*ABOUT THIS EXERCISE*:
Look through the records, and whenever a line includes the word "Sales", copy it.
════════
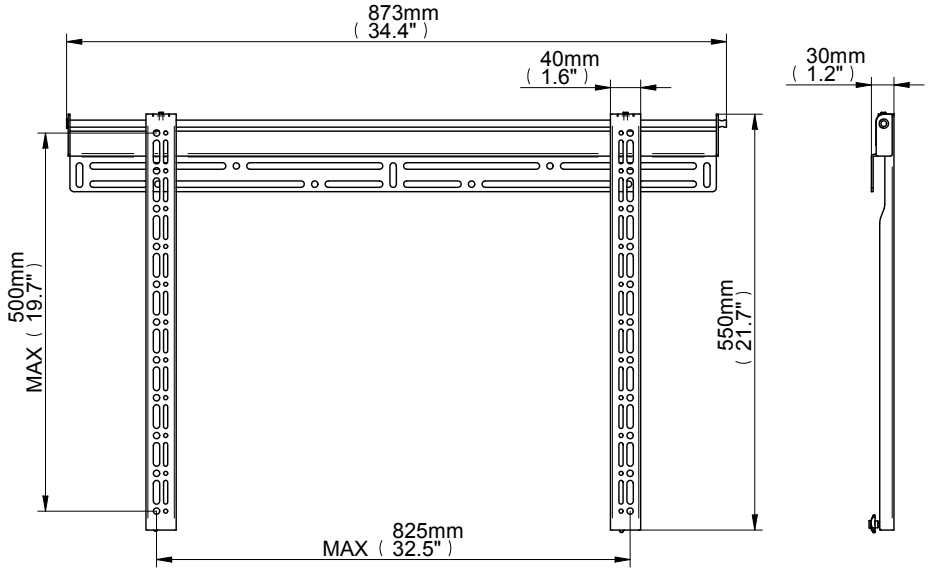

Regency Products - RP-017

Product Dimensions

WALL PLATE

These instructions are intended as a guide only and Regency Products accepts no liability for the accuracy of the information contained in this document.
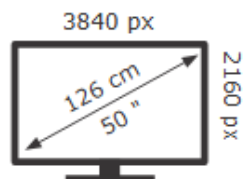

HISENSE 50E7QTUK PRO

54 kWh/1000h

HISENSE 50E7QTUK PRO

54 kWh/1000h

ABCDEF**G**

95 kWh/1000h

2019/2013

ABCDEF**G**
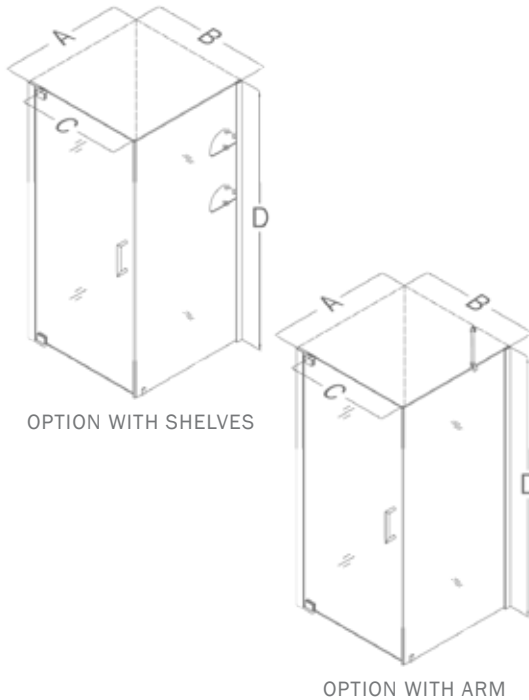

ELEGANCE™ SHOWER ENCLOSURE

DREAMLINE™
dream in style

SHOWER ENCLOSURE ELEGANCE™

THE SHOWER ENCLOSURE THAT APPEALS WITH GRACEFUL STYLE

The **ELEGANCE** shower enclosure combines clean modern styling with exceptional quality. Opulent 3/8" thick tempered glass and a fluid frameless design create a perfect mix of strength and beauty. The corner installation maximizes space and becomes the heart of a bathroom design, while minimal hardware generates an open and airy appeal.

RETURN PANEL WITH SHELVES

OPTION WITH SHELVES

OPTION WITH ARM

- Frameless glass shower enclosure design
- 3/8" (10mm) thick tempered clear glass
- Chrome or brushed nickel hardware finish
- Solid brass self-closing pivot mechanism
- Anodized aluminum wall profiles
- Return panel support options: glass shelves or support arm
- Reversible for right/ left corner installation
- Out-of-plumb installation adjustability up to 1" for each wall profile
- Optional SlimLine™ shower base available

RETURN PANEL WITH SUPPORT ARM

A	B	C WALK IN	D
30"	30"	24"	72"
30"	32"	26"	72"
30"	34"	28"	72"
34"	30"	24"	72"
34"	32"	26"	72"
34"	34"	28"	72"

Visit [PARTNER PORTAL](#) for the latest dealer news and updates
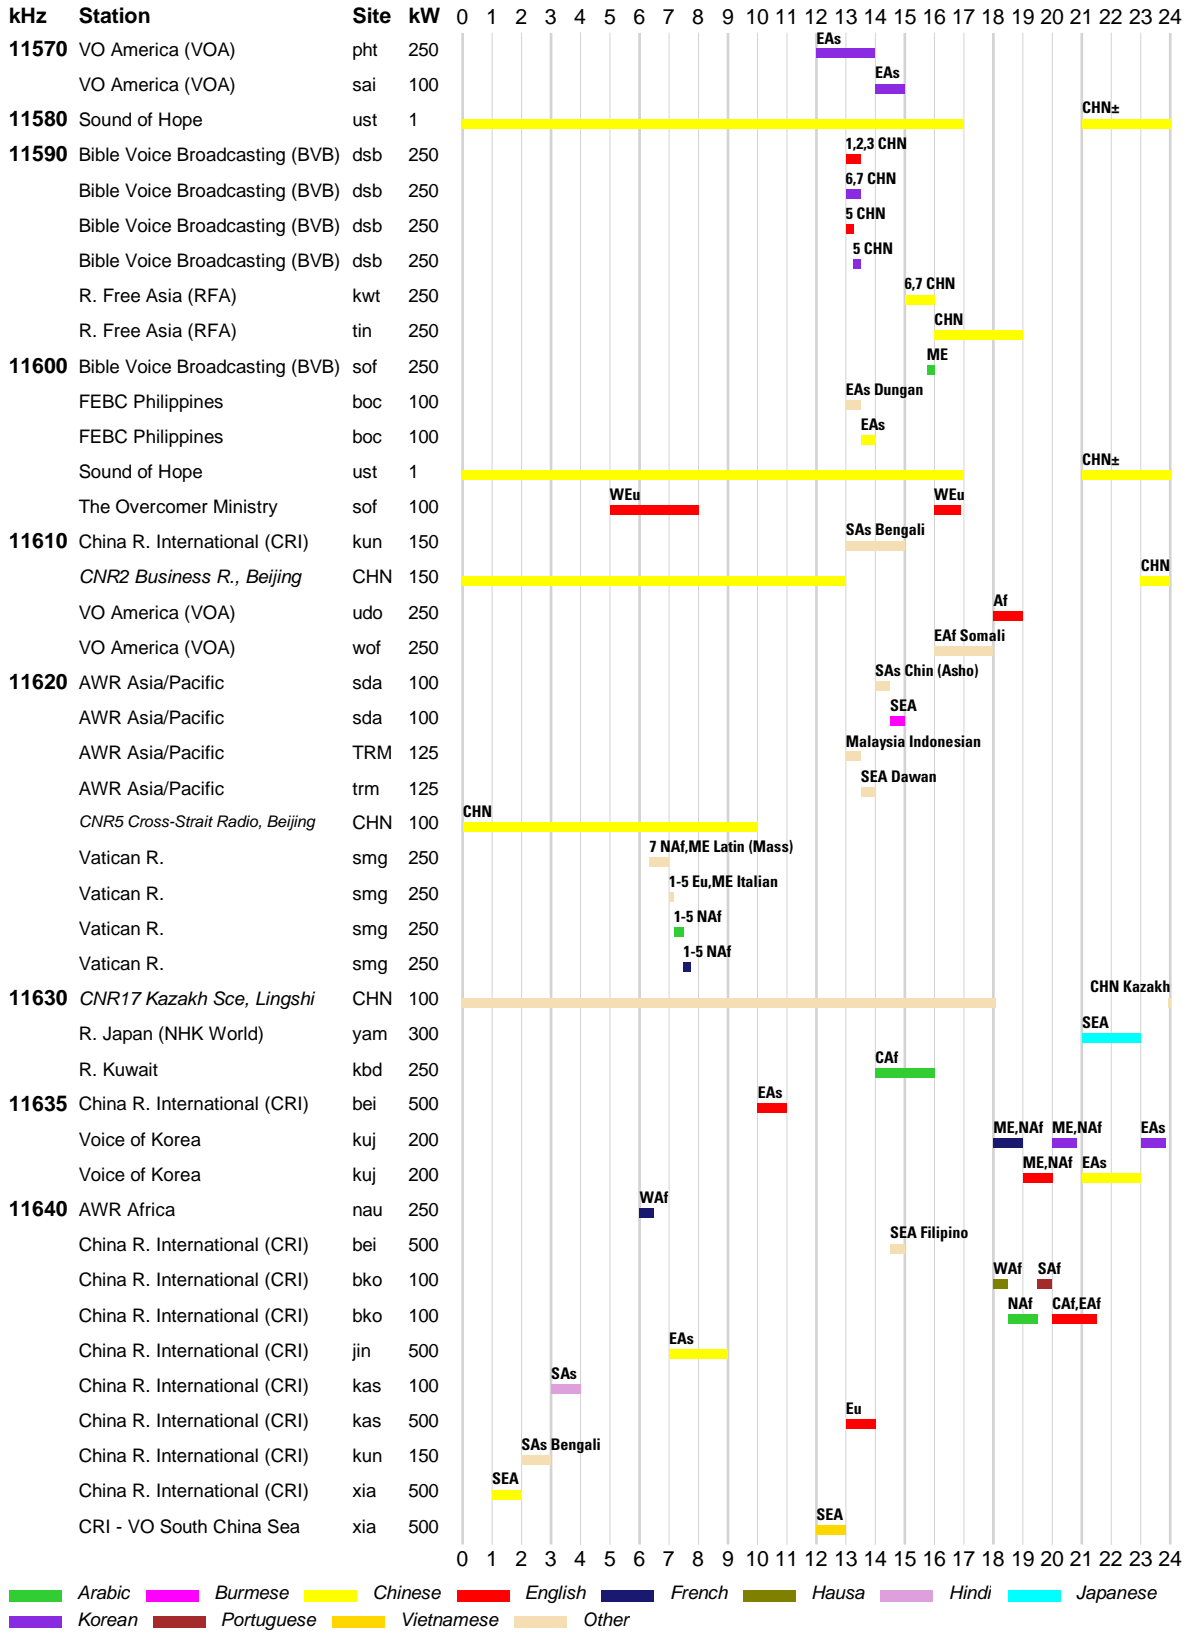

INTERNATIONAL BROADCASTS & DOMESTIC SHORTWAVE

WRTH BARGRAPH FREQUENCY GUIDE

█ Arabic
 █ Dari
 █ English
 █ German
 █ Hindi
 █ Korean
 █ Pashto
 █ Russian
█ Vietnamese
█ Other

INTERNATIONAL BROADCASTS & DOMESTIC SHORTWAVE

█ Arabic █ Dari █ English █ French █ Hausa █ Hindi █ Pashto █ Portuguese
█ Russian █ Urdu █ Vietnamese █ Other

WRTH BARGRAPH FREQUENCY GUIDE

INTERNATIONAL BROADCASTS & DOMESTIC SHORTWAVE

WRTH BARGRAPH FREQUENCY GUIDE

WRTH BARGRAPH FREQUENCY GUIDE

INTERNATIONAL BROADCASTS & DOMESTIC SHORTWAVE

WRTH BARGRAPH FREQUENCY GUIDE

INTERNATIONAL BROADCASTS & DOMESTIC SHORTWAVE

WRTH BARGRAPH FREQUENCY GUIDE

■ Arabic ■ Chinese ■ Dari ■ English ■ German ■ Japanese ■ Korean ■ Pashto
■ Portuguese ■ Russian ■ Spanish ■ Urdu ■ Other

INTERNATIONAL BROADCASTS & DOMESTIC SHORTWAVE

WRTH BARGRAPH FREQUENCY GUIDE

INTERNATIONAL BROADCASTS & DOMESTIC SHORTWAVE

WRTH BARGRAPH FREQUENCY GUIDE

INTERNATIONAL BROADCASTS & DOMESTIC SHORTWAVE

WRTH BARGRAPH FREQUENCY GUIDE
════════
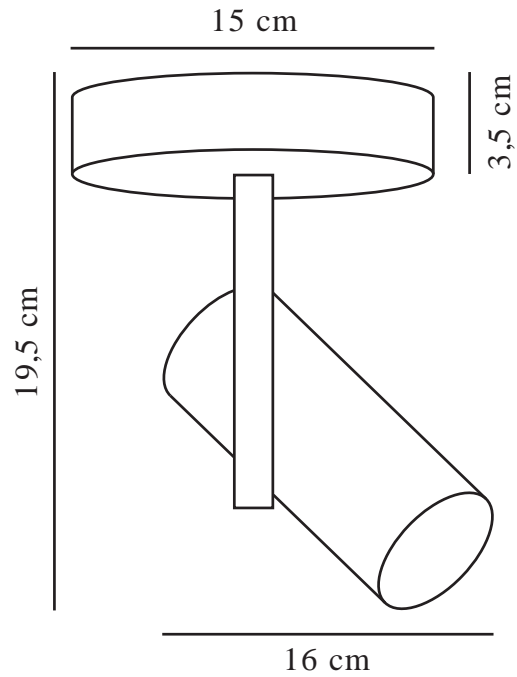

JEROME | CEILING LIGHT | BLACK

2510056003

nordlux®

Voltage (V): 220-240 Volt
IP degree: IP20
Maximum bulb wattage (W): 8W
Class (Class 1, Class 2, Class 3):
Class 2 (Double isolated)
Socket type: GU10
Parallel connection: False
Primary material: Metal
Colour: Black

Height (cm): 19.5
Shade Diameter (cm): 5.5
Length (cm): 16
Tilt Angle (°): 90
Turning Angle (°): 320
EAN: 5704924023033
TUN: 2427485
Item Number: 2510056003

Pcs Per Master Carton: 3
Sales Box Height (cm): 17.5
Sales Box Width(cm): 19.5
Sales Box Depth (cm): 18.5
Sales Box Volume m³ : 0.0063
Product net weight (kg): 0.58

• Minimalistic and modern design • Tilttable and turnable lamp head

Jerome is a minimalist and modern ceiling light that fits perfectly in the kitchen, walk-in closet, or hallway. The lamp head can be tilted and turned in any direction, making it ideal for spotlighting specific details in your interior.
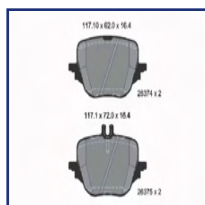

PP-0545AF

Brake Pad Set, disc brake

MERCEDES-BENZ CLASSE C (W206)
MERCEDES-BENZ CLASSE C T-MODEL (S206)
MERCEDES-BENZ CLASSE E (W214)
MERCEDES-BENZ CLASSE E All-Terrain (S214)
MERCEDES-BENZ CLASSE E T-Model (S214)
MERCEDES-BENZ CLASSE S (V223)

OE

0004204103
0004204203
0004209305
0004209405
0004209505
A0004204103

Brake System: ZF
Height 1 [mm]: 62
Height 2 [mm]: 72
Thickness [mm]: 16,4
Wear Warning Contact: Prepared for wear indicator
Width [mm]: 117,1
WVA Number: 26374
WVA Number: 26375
════════
*FINAL ANSWER*:
Sales Box Height (cm): 17.5
Sales Box Width(cm): 19.5
Sales Box Depth (cm): 18.5
Sales Box Volume m³ : 0.0063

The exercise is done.